── Input ──

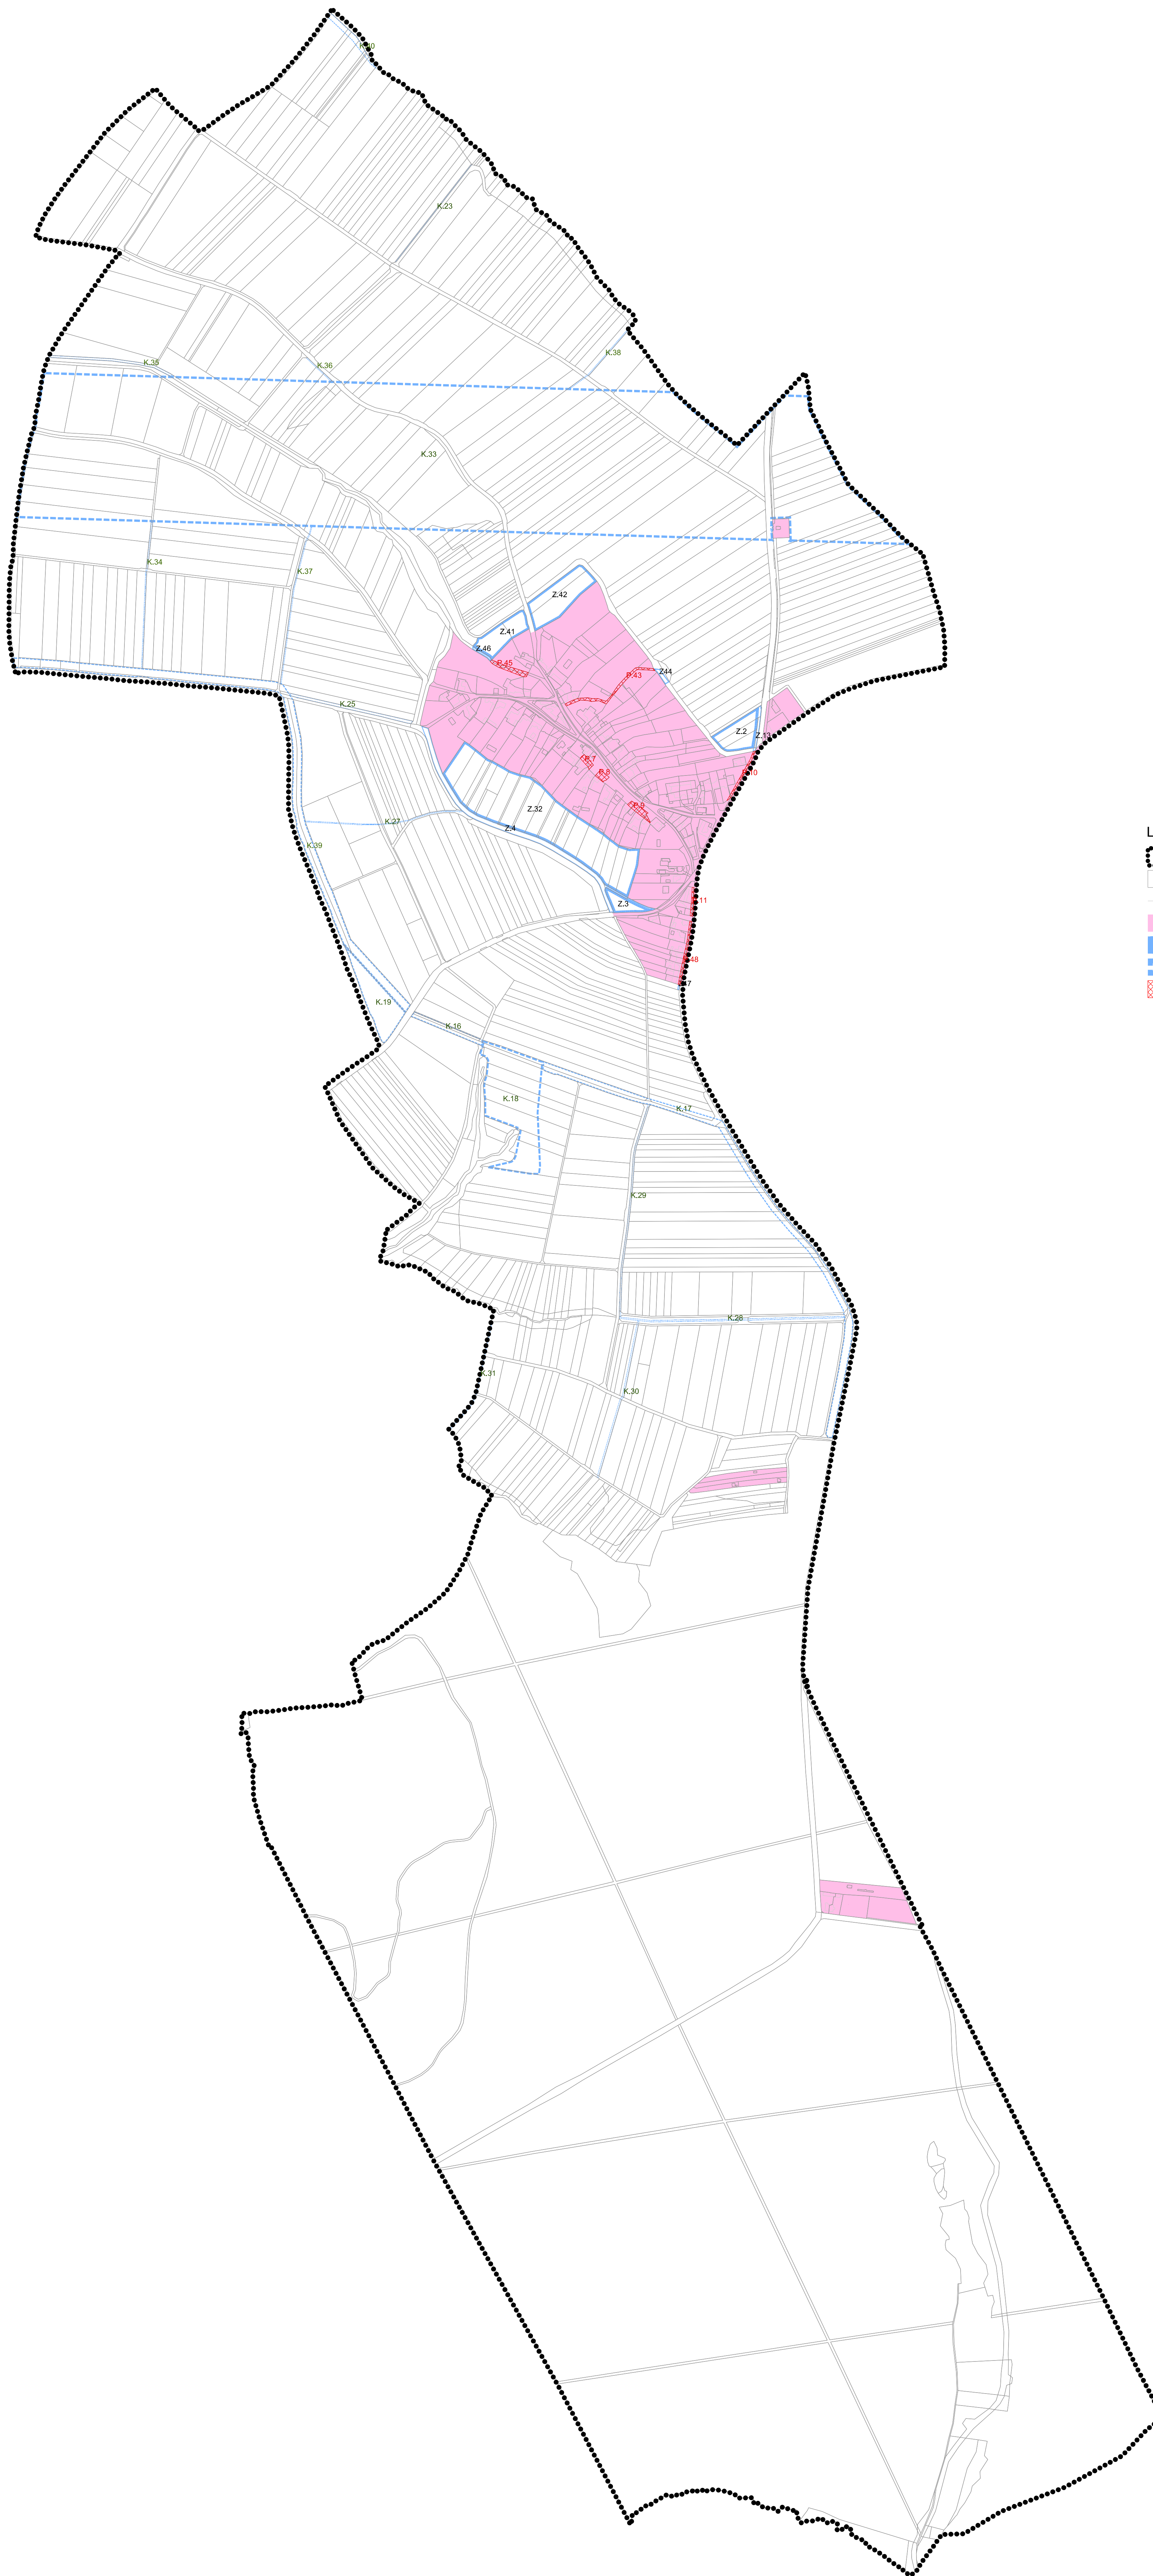

# ZMĚNA Č.1 ÚZEMNÍHO PLÁNU VRBKA

## LEGENDA

- řešené území
- parcelní kresba
- vnitřní kresba parcel
- zastavěné území k 11.3.2022
- návrhové plochy - zastavěné plochy
- návrhové plochy - změny v krajíně
- plochy přestavby
- označení zastavěných ploch
- označení plochy změn v krajíně
- označení plochy přestavby

───

Task directions:
You are asked to reproduce word for word the line containing "- návrhové plochy - zastavěné plochy" and every subsequent line through the end of the entries.

Response area:
- návrhové plochy - zastavěné plochy
- návrhové plochy - změny v krajíně
- plochy přestavby
- označení zastavěných ploch
- označení plochy změn v krajíně
- označení plochy přestavby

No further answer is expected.